* **TASK BRIEF**
Without the pictures, give the records again exactly as they appear.

* **GIVEN DATA**
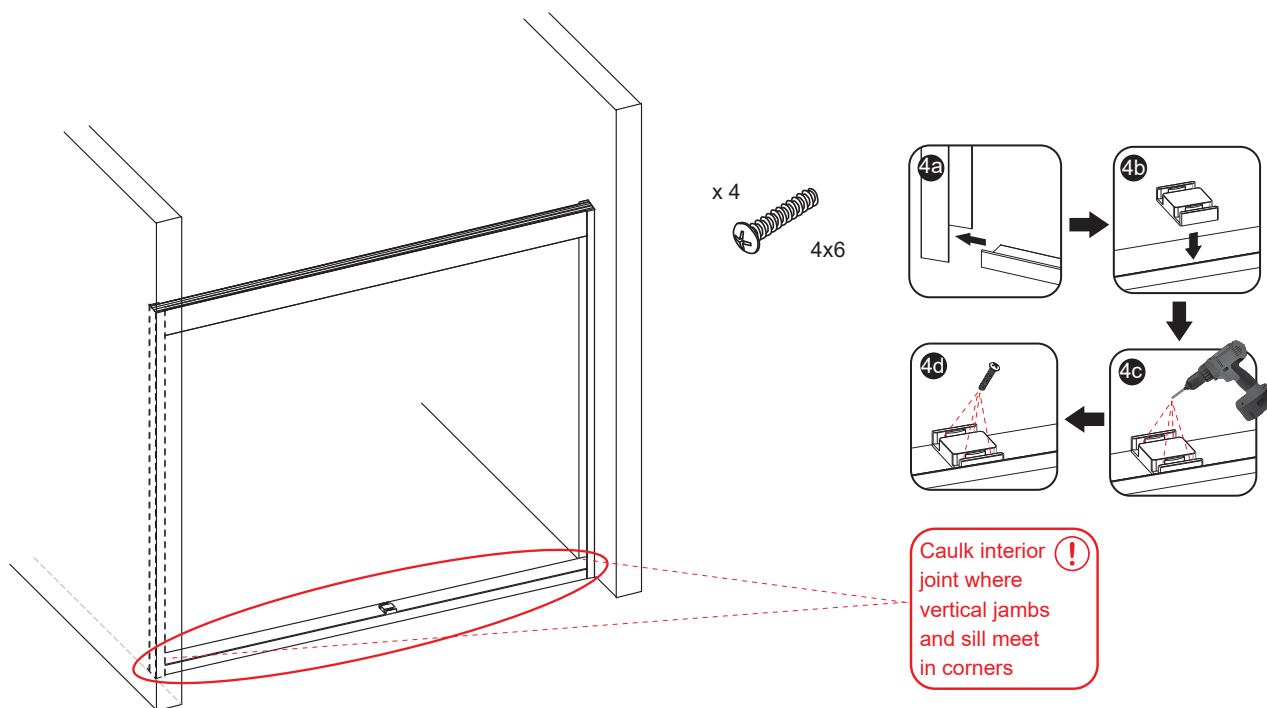

<https://www.archconceptsllc.com/products/shower-enclosures/sliding-by-pass/>

Page 3 of 7

Revised 1-25-22

Santa Cruz Glass Shower Enclosure By-Pass Door Installation

STEP 3

STEP 4

Architectural Concepts

(888) 248 2724 | (720) 259 5358 | info@archconceptsllc.com | 18505 Longs Way, Parker, CO 80134 | archconceptsllc.com
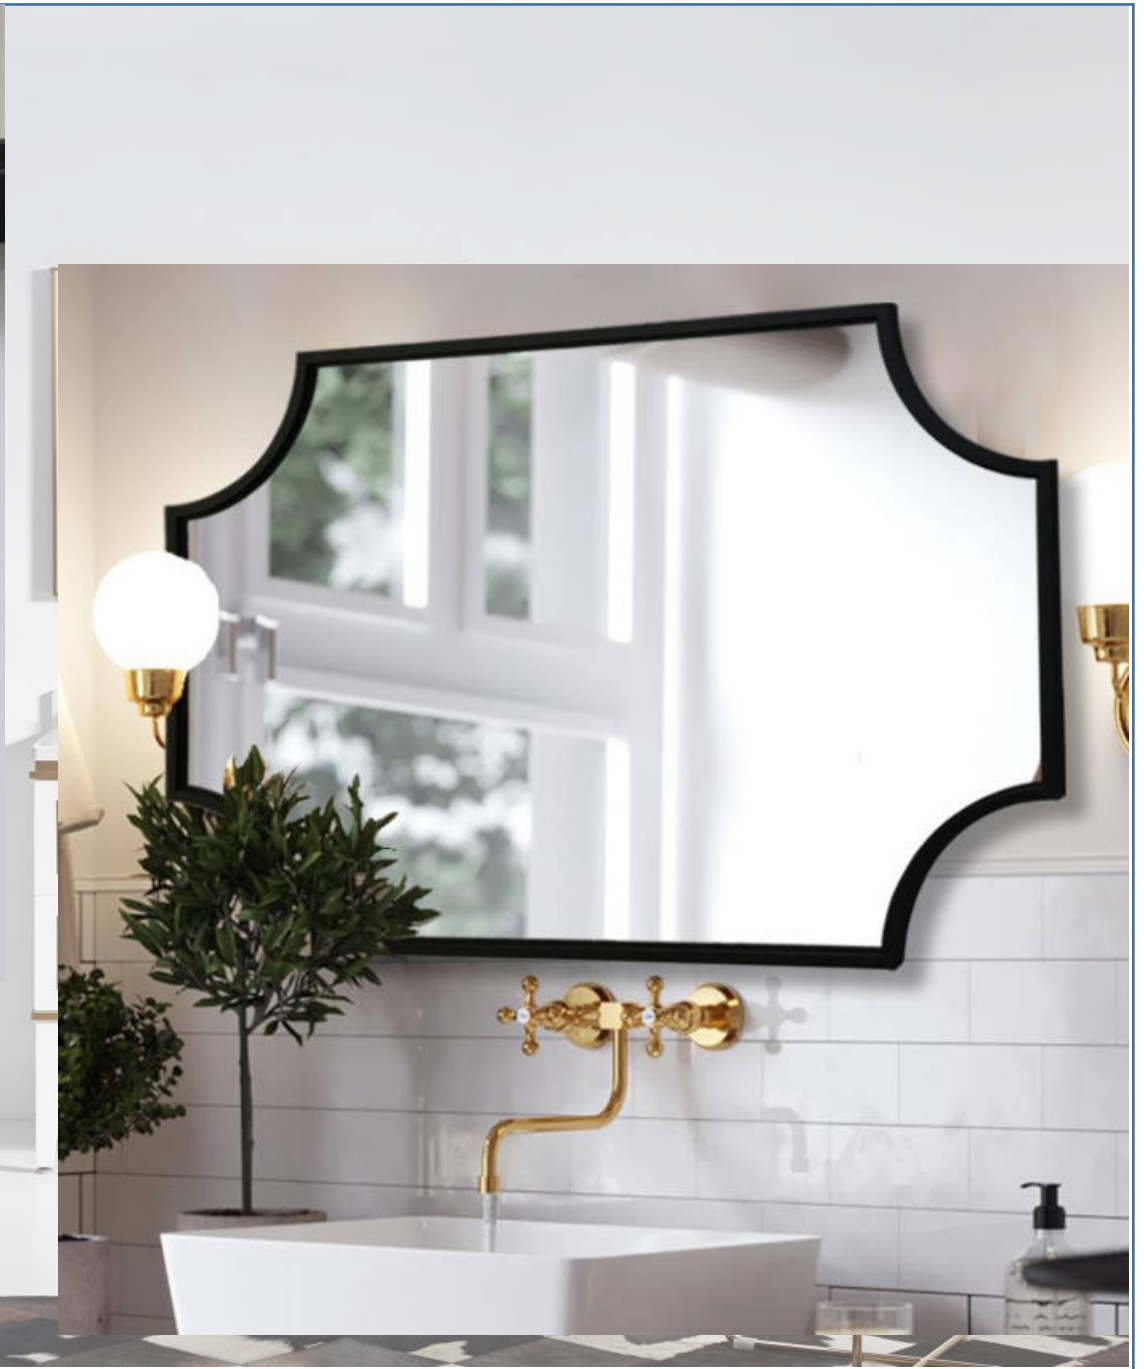

LHP.820

· 48" W x 30" H

· 5mm silver mirror, gold plated stainless steel frame

LHP.821

· 24" W x 48" H

· 5mm silver mirror, gold brushed plated stainless steel frame

LHP.822

·40"Wx22"H
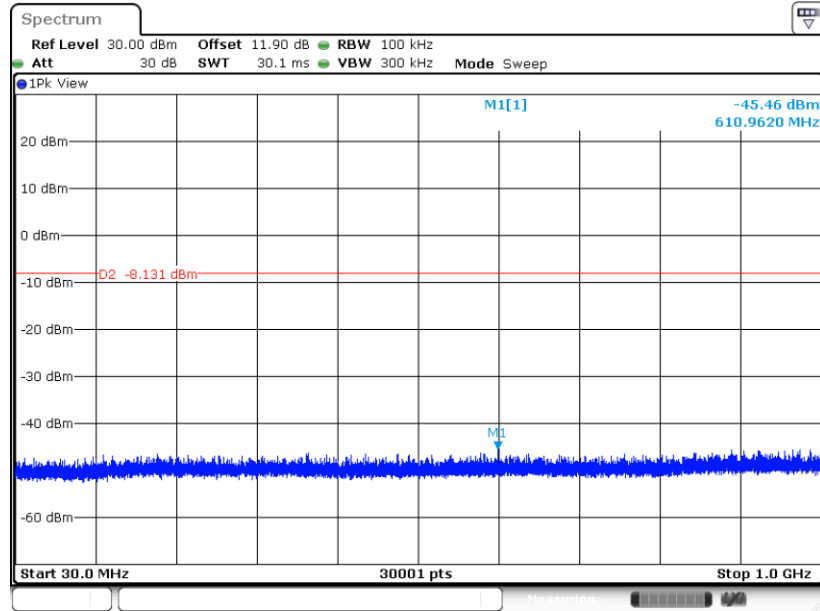

Date: 5 DEC.2023 22:27:20

CSE Plot on Ch 78

Date: 5 DEC.2023 22:32:18

CSE Plot on Ch 78

Date: 5 DEC.2023 22:31:53

<3Mbps>

CSE Plot on Ch 00

Date: 5 DEC.2023 22:42:25
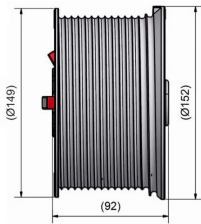

CABLE DRUM M134-5500 SL

ARTICLE: 10020

Cable drum for industrial door with standard lift
Material: Aluminium
Max weight: 680 kg
Max cable diameter: 5 mm
Shaft diameter : 25,4 mm (1 inch)
Max door height : 5500mm at 1/2 safety winding (4800mm at 2 safety windings)
Offset: 86mm

Factory price: 17.85 € excl. VAT / piece
Weight: 1.48 kg **Shipping class:** Standard
Tag: [bęben do bramy przemysłowej](#)
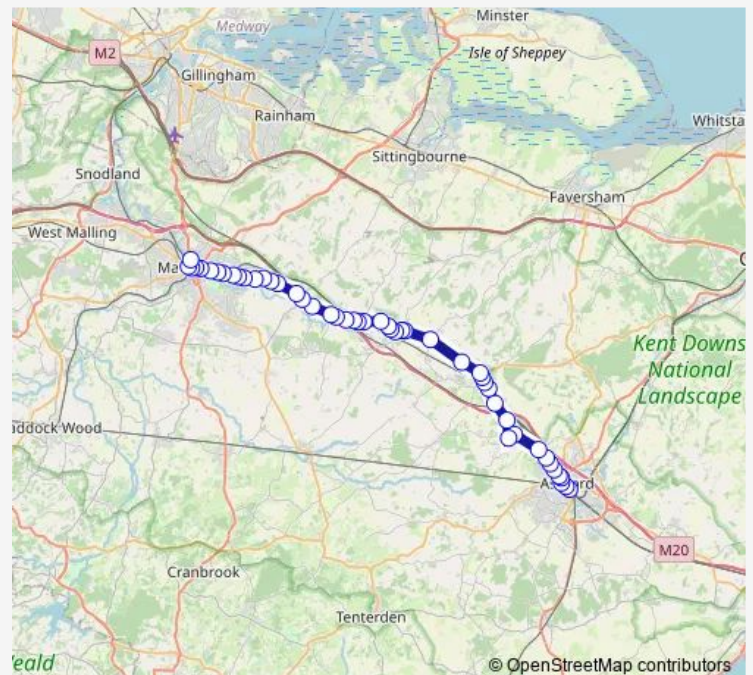

Broomfield Turning

Chegworth Lane

Holm Mill Lane

Route schedule

Maidstone East Railway Station — The Square

Monday 14:45

Tuesday 14:45

Wednesday 14:45

Thursday 14:45

Friday 14:45

Saturday —

Sunday —

Route info

Direction: Maidstone East Railway Station

Stops: 29

Trip Duration: 0 hour 36 min

10X — Ashford - Maidstone

West Street

Chippendale Drive

Church Lane

Dickley Wood

Loder Close

Cherry Close

Honywood Road

The Square

Direction

Earl Street — Ashford International Railway Station

48 stops

[Open route schedule](#)

Earl Street

The Cannon

King Street

* **EXERCISE RESULT**
<https://www.archconceptsllc.com/products/shower-enclosures/sliding-by-pass/>

Page 3 of 7

Revised 1-25-22

Santa Cruz Glass Shower Enclosure By-Pass Door Installation

STEP 3

STEP 4

Architectural Concepts

(888) 248 2724 | (720) 259 5358 | info@archconceptsllc.com | 18505 Longs Way, Parker, CO 80134 | archconceptsllc.com

LHP.820

· 48" W x 30" H

· 5mm silver mirror, gold plated stainless steel frame

LHP.821

· 24" W x 48" H

· 5mm silver mirror, gold brushed plated stainless steel frame

LHP.822

·40"Wx22"H

Date: 5 DEC.2023 22:27:20

CSE Plot on Ch 78

Date: 5 DEC.2023 22:32:18

CSE Plot on Ch 78

Date: 5 DEC.2023 22:31:53

<3Mbps>

CSE Plot on Ch 00

Date: 5 DEC.2023 22:42:25

CABLE DRUM M134-5500 SL

ARTICLE: 10020

Cable drum for industrial door with standard lift
Material: Aluminium
Max weight: 680 kg
Max cable diameter: 5 mm
Shaft diameter : 25,4 mm (1 inch)
Max door height : 5500mm at 1/2 safety winding (4800mm at 2 safety windings)
Offset: 86mm

Factory price: 17.85 € excl. VAT / piece
Weight: 1.48 kg **Shipping class:** Standard
Tag: [bęben do bramy przemysłowej](#)

Broomfield Turning

Chegworth Lane

Holm Mill Lane

Route schedule

Maidstone East Railway Station — The Square

Monday 14:45

Tuesday 14:45

Wednesday 14:45

Thursday 14:45

Friday 14:45

Saturday —

Sunday —

Route info

Direction: Maidstone East Railway Station

Stops: 29

Trip Duration: 0 hour 36 min

10X — Ashford - Maidstone

West Street

Chippendale Drive

Church Lane

Dickley Wood

Loder Close

Cherry Close

Honywood Road

The Square

Direction

Earl Street — Ashford International Railway Station

48 stops

[Open route schedule](#)

Earl Street

The Cannon

King Street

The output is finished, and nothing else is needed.